The Company's indebtedness subjects the Company to interest rate risk. Interest rates are subject to the influence of economic conditions generally, both domestic and foreign, and also to the monetary and fiscal policies of the United States and its agencies, particularly the Federal Reserve. The nature and timing of any changes in such policies, including the imposition of tariffs, or general economic conditions and the effect they may have on the Company are unpredictable. The Company's indebtedness may also have other important impacts on the Company, including that the Company is required to utilize cash flow to service its debt, indebtedness may make the Company more vulnerable to economic downturns, and the Company's indebtedness subjects the Company to covenants and may place restrictions on its operations and activities, including its ability to pay dividends and take certain other actions.
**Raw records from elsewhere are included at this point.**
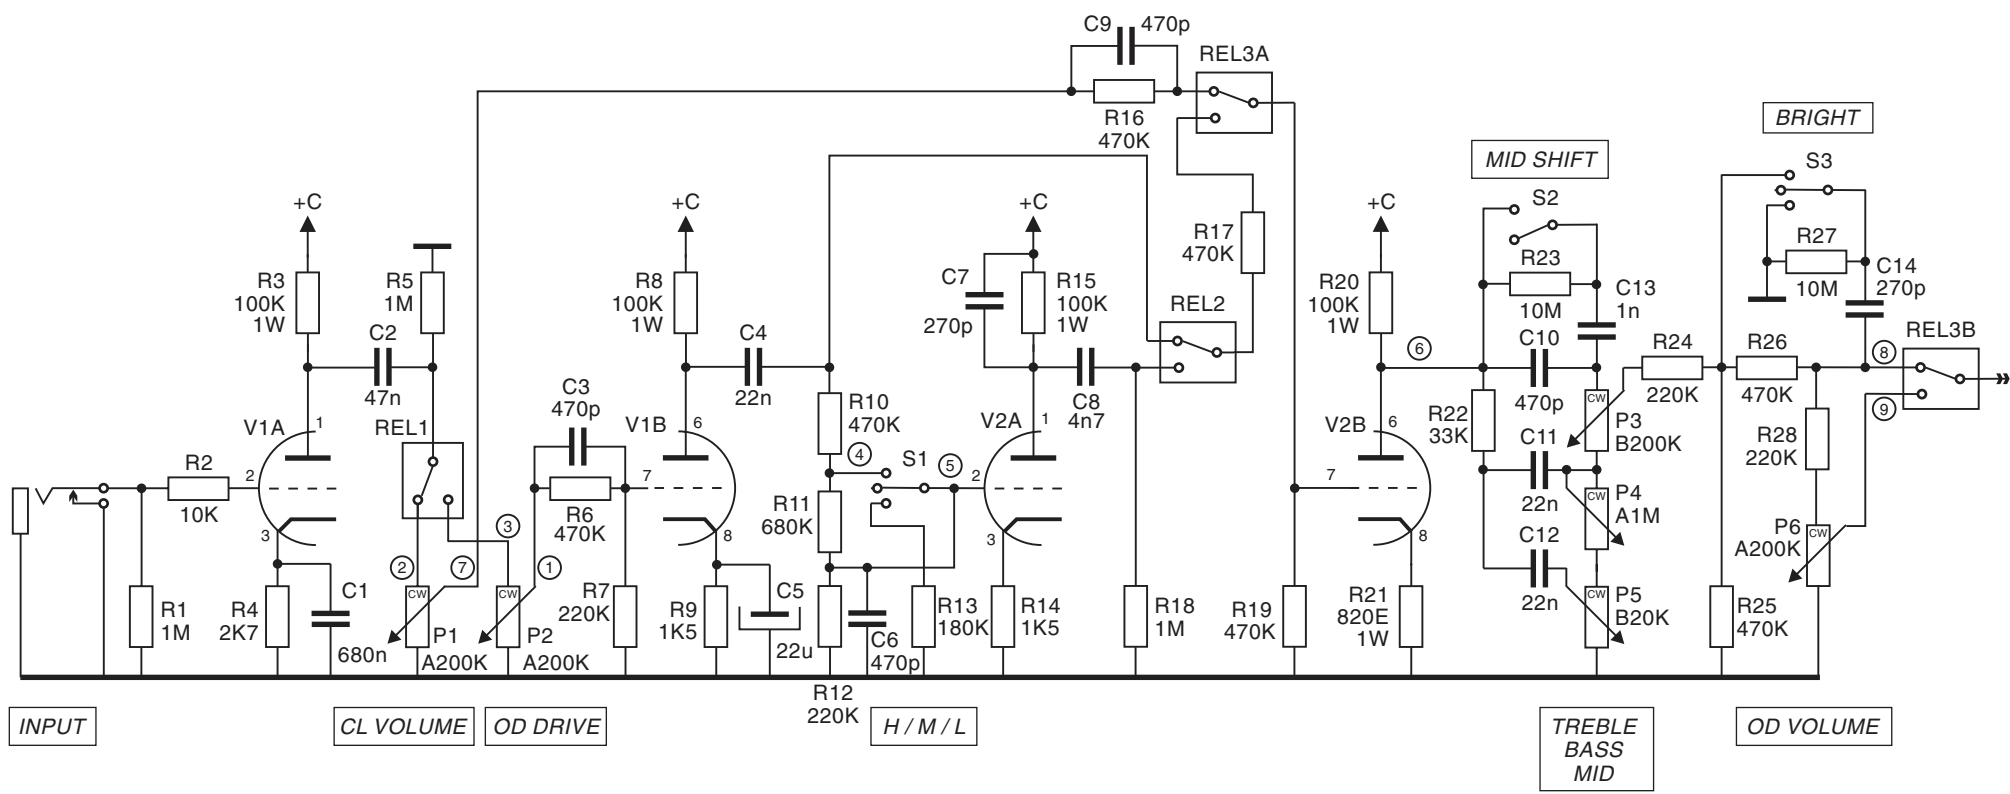

V1 - 12AX7LM
V2 - 12AX7

INPUT

CL VOLUME

OD DRIVE

H/M/L

TREBLE
BASS
MID

OD VOLUME

- IC1,2 - TL071
- IC3 - TL061
- T1 - BD136
- T2 - BD135
- V3 - 12AX7
- V4,5 - EL84
- TX1 - VDV-G25

T3-5 - BC547
TX2 - TXM-25.1

As of December 31, 2025, interest on borrowings under the Company's Credit Agreement accrued at a rate, at the Company's election at the time of borrowing, equal to (a) SOFR plus 0.11% to 0.43%, plus an additional adjustment margin that ranges between 1.25% and 1.75% depending on the Company's consolidated leverage ratio, which is a ratio of consolidated funded indebtedness to consolidated earnings before interest, taxes, depreciation and amortization (EBITDA) (the "Consolidated Leverage Ratio") or (b) the highest of (i) prime, (ii) the federal funds rate plus 50 basis points, and (iii) SOFR plus 100 basis points (such highest rate, the "Base Rate"), plus a margin that ranges between 0.25% and 0.75% depending on the Consolidated Leverage Ratio. Swingline loans generally bear interest at the Base Rate plus a margin that ranges between 0.25% and 0.75% depending on the Consolidated Leverage Ratio. As of December 31, 2025, the Company had approximately $58.0 million of outstanding borrowings under the Credit Agreement with a weighted average interest rate of 5.14%. Based on the amount outstanding at December 31, 2025, a hypothetical 1% increase in daily interest rates would increase the Company's annual interest expense by approximately $580,000.

All of the Company's foreign sales require the customer to make payment in United States dollars. The Company also purchases products from a number of foreign suppliers. The Company's purchases from foreign suppliers and sales to foreign buyers may be affected by the strength of the United States dollar relative to the currencies of the countries where its customers and suppliers are located. Particularly, a weaker U.S. dollar would result in increased costs, which in turn would negatively affect the Company's operating results. The Company has, at times in the past, paid certain suppliers in Euros. The Company had no foreign exchange contracts outstanding at December 31, 2025 or June 30, 2025. Foreign sales and purchases may also be impacted by governmental measures, including trade policies, barriers and tariffs.

The Company's cash is maintained in bank accounts which bear interest at prevailing interest rates. While depositary accounts are covered by FDIC insurance and the Company does not currently believe that it is exposed to significant credit risk due to the financial position of the banks in which the Company's cash is held, the Company has exposure to the extent its cash balances exceed the current $250,000 in maximum FDIC coverage.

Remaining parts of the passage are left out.